Records for this task: Begin
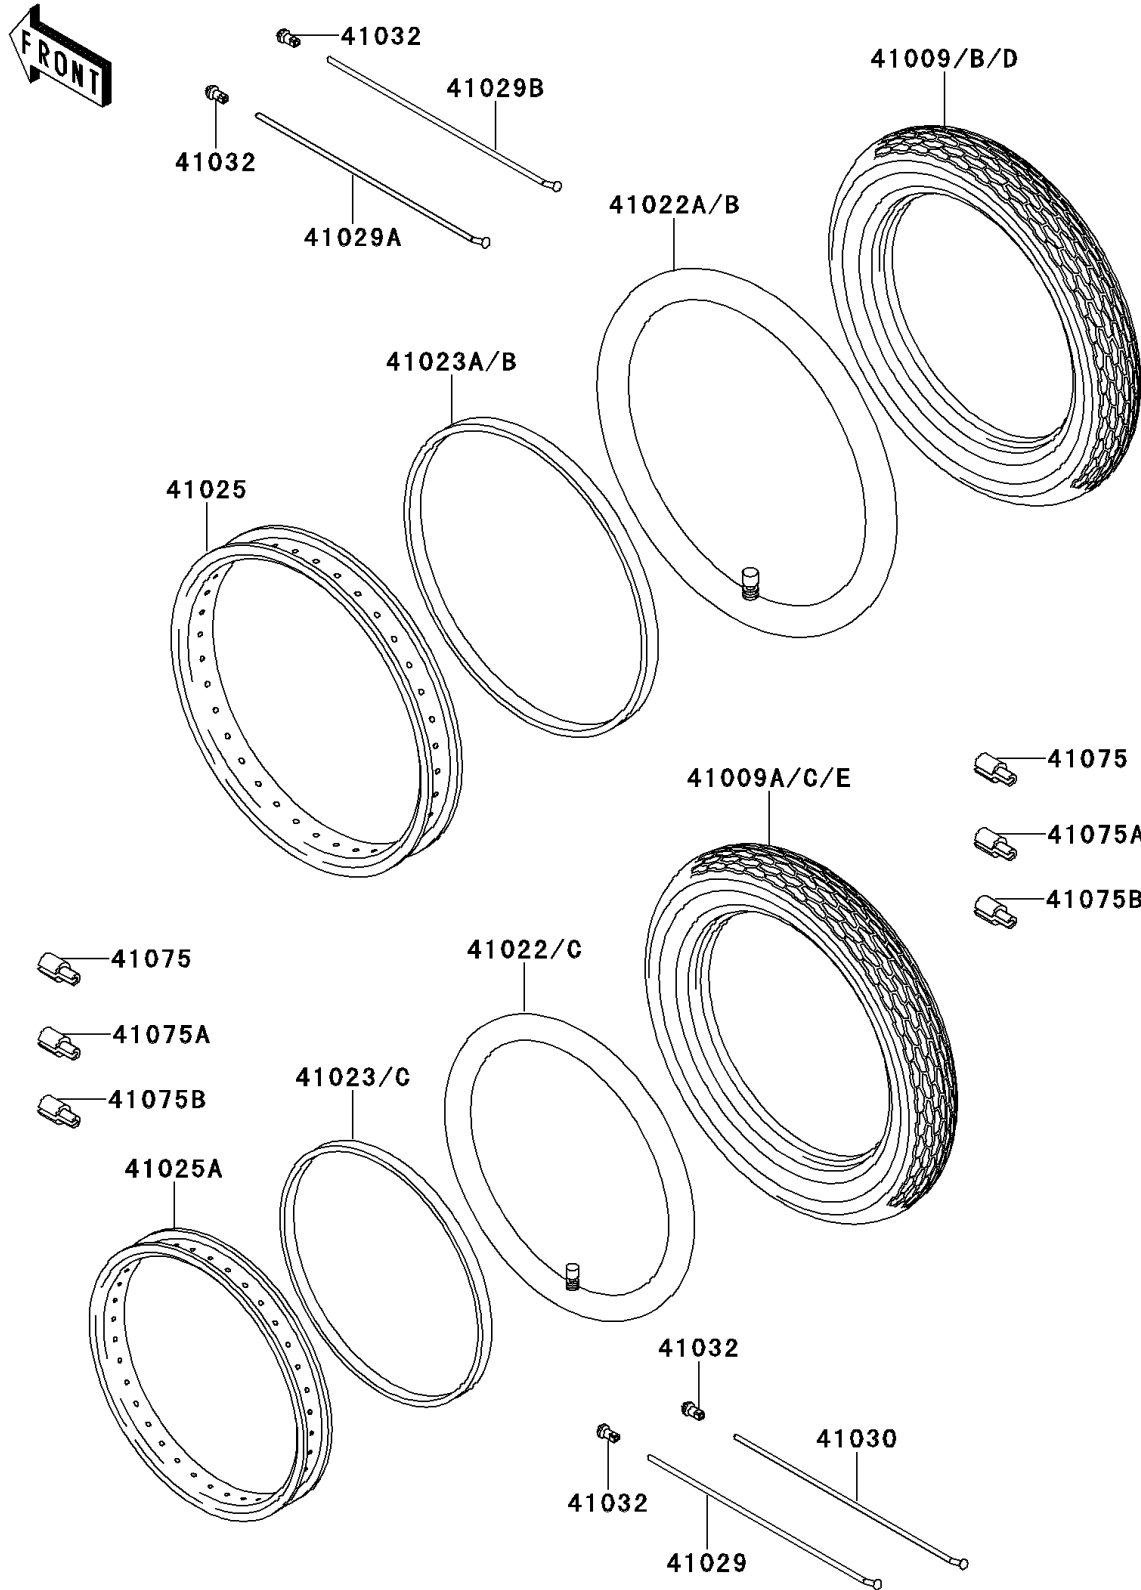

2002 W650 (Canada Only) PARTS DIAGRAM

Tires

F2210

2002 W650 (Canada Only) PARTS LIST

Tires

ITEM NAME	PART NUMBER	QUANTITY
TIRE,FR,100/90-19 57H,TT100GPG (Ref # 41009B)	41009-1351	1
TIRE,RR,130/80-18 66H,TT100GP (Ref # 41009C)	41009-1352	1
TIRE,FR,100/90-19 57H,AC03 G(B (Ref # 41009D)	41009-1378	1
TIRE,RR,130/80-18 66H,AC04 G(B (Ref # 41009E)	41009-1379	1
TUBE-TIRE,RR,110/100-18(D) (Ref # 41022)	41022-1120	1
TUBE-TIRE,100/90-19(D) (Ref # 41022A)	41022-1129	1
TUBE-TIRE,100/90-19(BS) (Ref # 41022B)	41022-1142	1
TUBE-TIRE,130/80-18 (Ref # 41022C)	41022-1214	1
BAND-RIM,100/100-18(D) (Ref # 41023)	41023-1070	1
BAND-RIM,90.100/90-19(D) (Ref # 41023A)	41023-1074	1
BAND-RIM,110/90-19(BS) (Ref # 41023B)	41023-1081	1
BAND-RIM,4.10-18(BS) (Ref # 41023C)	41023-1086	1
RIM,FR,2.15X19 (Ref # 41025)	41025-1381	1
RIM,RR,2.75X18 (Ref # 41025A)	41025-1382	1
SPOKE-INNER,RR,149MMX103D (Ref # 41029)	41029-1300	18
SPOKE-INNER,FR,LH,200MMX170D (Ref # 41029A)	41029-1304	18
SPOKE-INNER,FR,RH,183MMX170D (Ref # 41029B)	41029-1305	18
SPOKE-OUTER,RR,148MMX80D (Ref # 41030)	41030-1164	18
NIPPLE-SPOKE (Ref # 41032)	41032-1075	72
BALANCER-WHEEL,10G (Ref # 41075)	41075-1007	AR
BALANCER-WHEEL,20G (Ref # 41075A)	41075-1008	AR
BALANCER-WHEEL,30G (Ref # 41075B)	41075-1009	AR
Records for this task: End
Records for this task: Begin
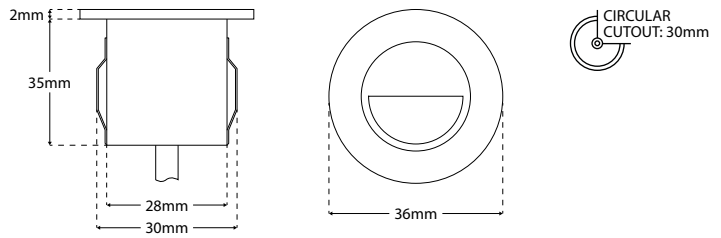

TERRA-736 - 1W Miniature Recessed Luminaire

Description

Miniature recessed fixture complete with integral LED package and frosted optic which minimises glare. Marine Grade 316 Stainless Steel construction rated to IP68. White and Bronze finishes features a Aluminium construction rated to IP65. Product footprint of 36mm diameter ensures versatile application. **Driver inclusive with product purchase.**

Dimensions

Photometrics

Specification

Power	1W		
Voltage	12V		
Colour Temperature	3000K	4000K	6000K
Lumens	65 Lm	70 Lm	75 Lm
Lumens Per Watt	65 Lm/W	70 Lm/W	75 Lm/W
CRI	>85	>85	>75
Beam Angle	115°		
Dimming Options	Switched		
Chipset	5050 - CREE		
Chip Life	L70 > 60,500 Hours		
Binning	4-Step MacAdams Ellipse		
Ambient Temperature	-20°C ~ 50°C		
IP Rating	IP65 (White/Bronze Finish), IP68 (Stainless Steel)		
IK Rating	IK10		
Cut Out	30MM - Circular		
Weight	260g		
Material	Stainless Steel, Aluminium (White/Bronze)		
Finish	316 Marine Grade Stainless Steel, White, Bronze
Records for this task: End
Records for this task: Begin
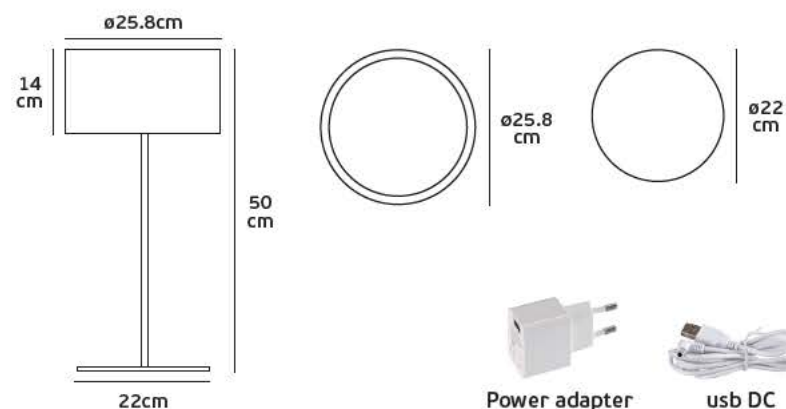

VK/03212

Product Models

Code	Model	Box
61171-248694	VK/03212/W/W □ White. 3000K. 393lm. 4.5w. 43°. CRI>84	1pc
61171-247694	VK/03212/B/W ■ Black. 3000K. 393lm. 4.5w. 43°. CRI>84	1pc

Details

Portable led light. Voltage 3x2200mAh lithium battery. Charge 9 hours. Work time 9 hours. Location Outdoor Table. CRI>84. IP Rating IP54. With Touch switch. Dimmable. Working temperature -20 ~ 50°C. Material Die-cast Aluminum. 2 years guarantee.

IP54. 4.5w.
Records for this task: End
**Exercise details:** All that should be written out is the stretch of lines above between the one holding "SPOKE-INNER,RR,149MMX103D (Ref #" and the one holding "BALANCER-WHEEL,30G (Ref #", inclusive, exactly as given.

**Written response:**
SPOKE-INNER,RR,149MMX103D (Ref # 41029)	41029-1300	18
SPOKE-INNER,FR,LH,200MMX170D (Ref # 41029A)	41029-1304	18
SPOKE-INNER,FR,RH,183MMX170D (Ref # 41029B)	41029-1305	18
SPOKE-OUTER,RR,148MMX80D (Ref # 41030)	41030-1164	18
NIPPLE-SPOKE (Ref # 41032)	41032-1075	72
BALANCER-WHEEL,10G (Ref # 41075)	41075-1007	AR
BALANCER-WHEEL,20G (Ref # 41075A)	41075-1008	AR
BALANCER-WHEEL,30G (Ref # 41075B)	41075-1009	AR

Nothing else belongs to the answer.